Why do I think SPARQL can fundamentally change business models? Because of my experiences with this blog. I started experimenting with advertising once my readership reached reasonable levels. Impressions are few, even though readership is decent. Why? RSS. Most people read this blog via news readers or aggregators and not via the Web. They don't ever see the ads. Cool, right? Yeah. Imagine, though, the impact on the online advertising market (which financially supports Google and its competitors) when the Web is a database. Nobody will see the ads. Watch out, world. Where there is chaos, there is opportunity.
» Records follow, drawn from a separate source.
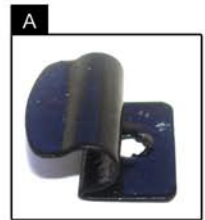

INSTALLATION INSTRUCTIONS

Peugeot 308 5dr

PEU-308-5-A

COMPONENTS INCLUDED

SHADES

FIXING CLIPS AND TOOLS

SIDE SHADE INSTALLATION

SIDE SHADE INSTALLATION

SIDE SHADE INSTALLATION

TAILGATE SHADE INSTALLATION

TAILGATE SHADE INSTALLATION

TAILGATE SHADE INSTALLATION

TAILGATE SHADE INSTALLATION

TAILGATE SHADE INSTALLATION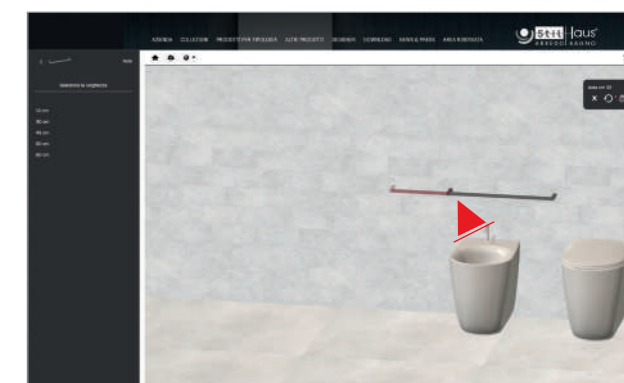

Crea barre continue sovrapponendo gli attacchi.
Place the selected items on the wall, creating your design. you can also overlap.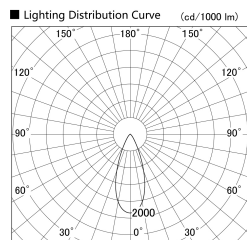

Item no. SD279-0940B9030

Series Name: AMMA High Power compact tracklight (SD279)

Installation	Track light
Type	Lens type Cylinder tracklight type (DC 48V)
Fixture wattage	10W
Beam angle	40deg
Color Temp.	3000K
CRI	Ra>90
Luminous	1034 lm
Body	Die-cast aluminum alloy
Body finish	Black
Trim finish	Black
Reflector finish	N/A
IP Rate	IP20
Light source	COB module
Input Voltage	DC 48V
Dimming Type	Non-dimmable
Certificate	CE, CCC
Cut Hole	N/A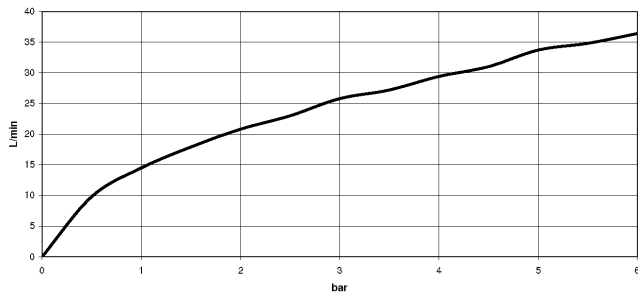

Required miscellaneous

TARA Regulator handle - Brushed Durabron (23kt Gold) 11 431 892-28

ST 060 113 4809

mm [inches]

Flow rate chart

Certificates

Belgaqua_22_281_2 LGA_29986.
7_5.

WRAS_2204005.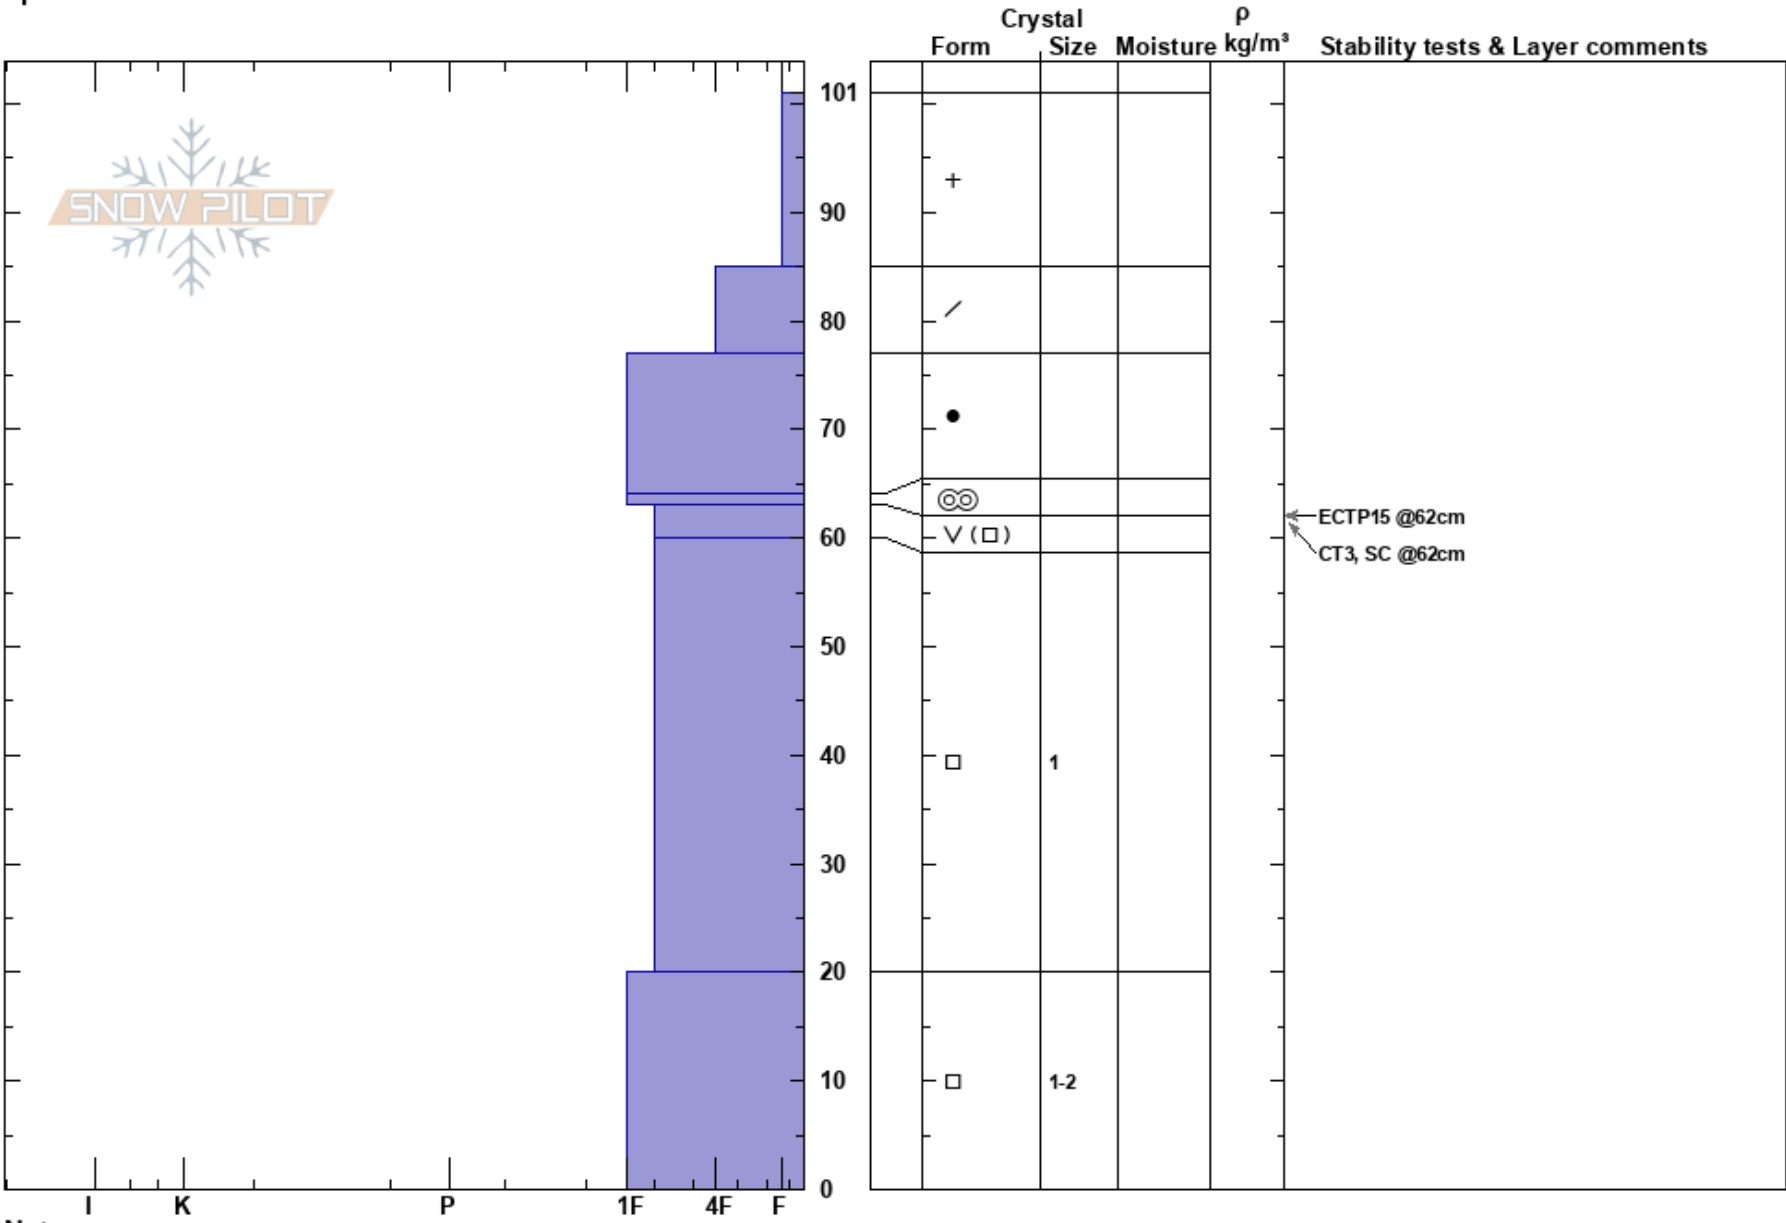

Baker Mtn  
 Park Range  
 CO  
 Elevation: 9600 ft  
 Aspect: 90°  
 Specifics:

Jason Konigsberg  
 12/26/2018 - 1:00pm  
 Co-ord: 40.37541N, -106.59787W  
 Slope Angle:  
 Wind Loading:

Stability:  
 Air Temperature:  
 Sky Cover:  
 Precipitation:  
 Wind:

HS:101 Layer Notes:

Notes: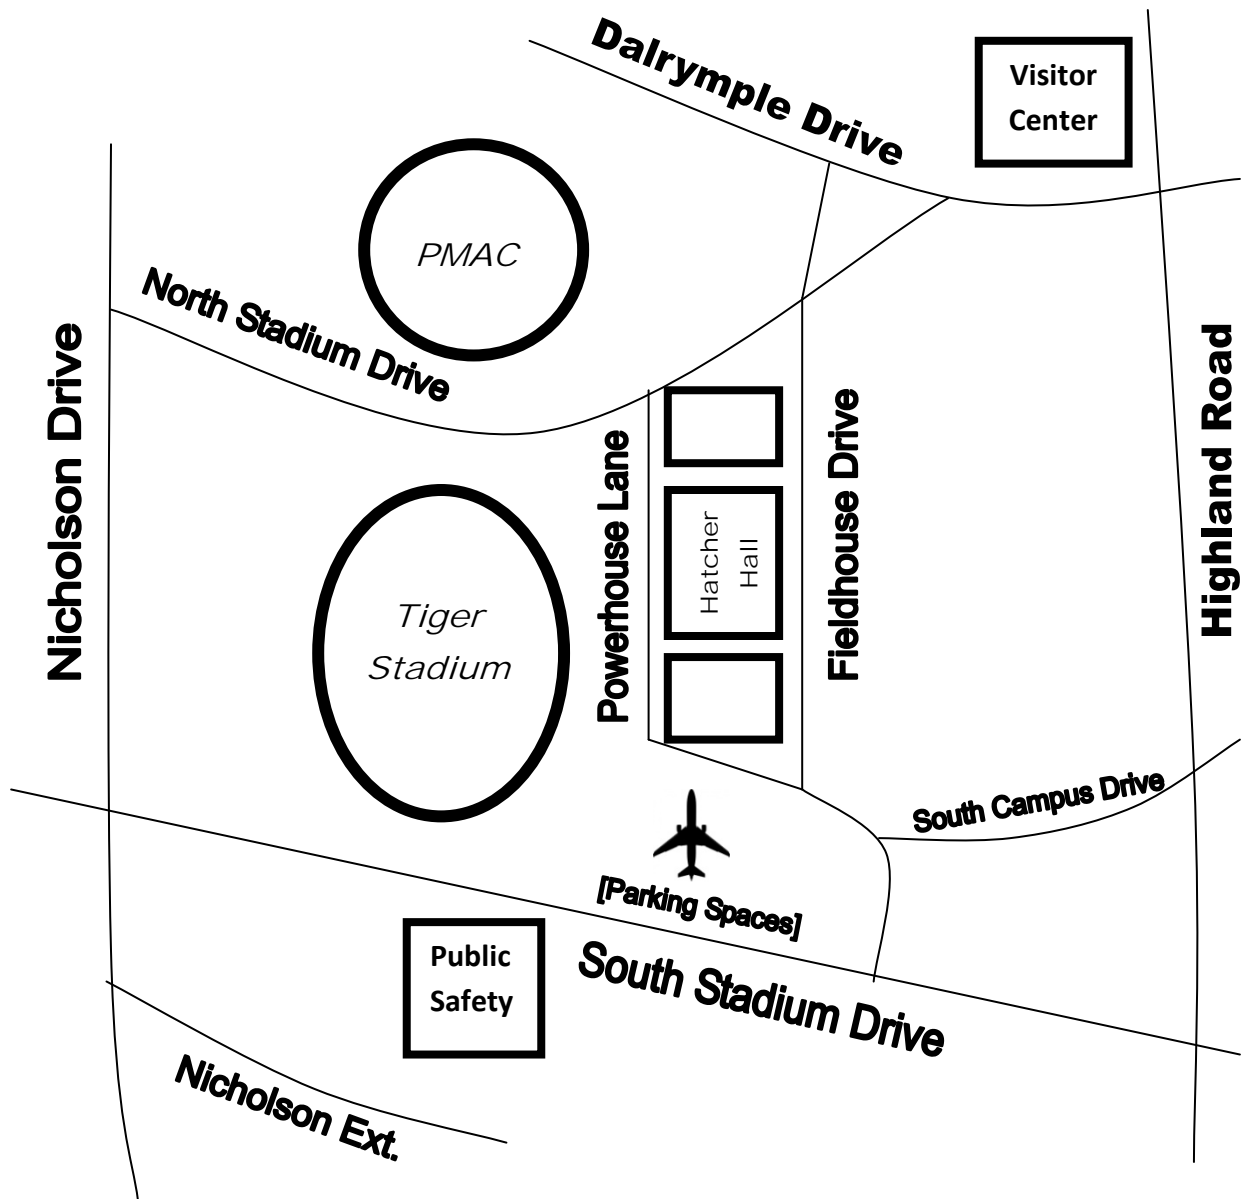

LSU Campus Map

*The entrance to the LSU Speech, Language, Hearing Clinic is located in the basement of Hatcher Hall facing Tiger Stadium.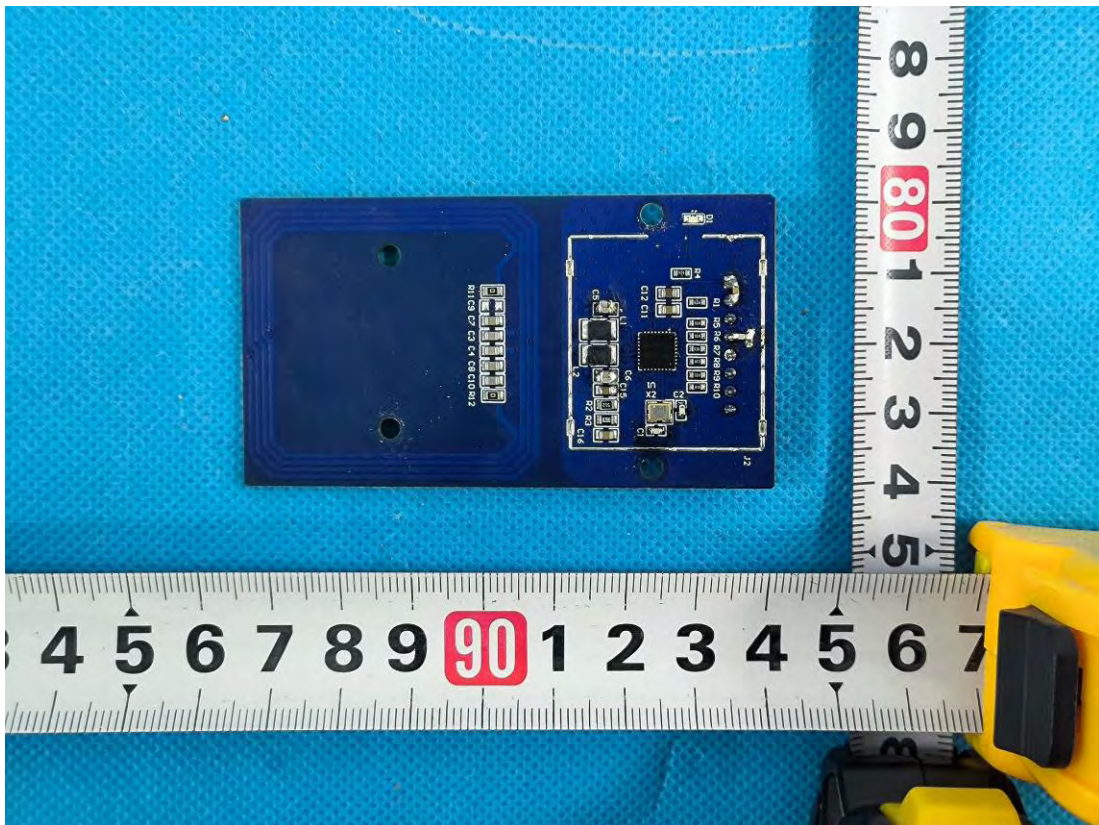

EXHIBIT C - EUT INTERNAL PHOTOGRAPHS

WCDMA/LTE Antenna

NFC Antenna

Chip1

Chip2

Chip3

WWAN Module FCC ID: XMR201909EC25AFX

Chip4

I can't wait to see what happens next.

Tuesday, January 08, 2008

Tucana's Fate Sealed

Northrop Grumman Corporation's Electronic Systems Sector has been attempting to sell its Tucana RDF database software for some time. They have been quietly seeking buyers since they dropped public references to it as a "rsemd1-extweb50 Sensor1 Replacement Server" in August 2006. Unfortunately for them, potential buyers keep calling me.

Each call is similar in nature and goes something like this:

Buyer: We are very happy to tell you that Northop Grumman has accepted our cash offer for the Tucana technology. We would like to talk to you about how we can make use of it.

Dave: Sure. I am sure Northrop must have done some work on it since they bought it. What has been added to the code base?

Buyer: They made us swear to secrecy, so we can't tell you that.

Dave: OK, I understand. Can you tell me whether it differs substantially from its Open Source baseline, Mulgara?

Buyer: Umm, there is an Open Source project? What is the URL?


Buyer: Is it an active project? Do people use it?

Dave: Oh, yes. It is used in production by a number of for-profit and non-profit companies and many researchers.

Buyer: I thought Northrop had killed the Open Source project?

Dave: Nope. They tried but failed. Mulgara was a fork to avoid any future legal disputes. It has no code contributed by Northrop or its contractors.

Buyer: Uh, perhaps we should look into that and get back to you.

Naturally, that is generally the last I hear about it until the next potential buyer calls. The last one was yesterday, but they weren't the first (or the second or the third) and probably won't be the last.

The sad thing is, of course, that if a single manager at Northrop had tried to work with the Open Source community instead of building an empire the project could have been wildly successful in their customer base. There is still a market need for a more scalable RDF database outside of the government, as evidenced by the list of potential buyers, the life sciences community's desire to represent genomic data semantically, Garlik's creation of a custom one last year and continued funding from Mulgara users for scalability development.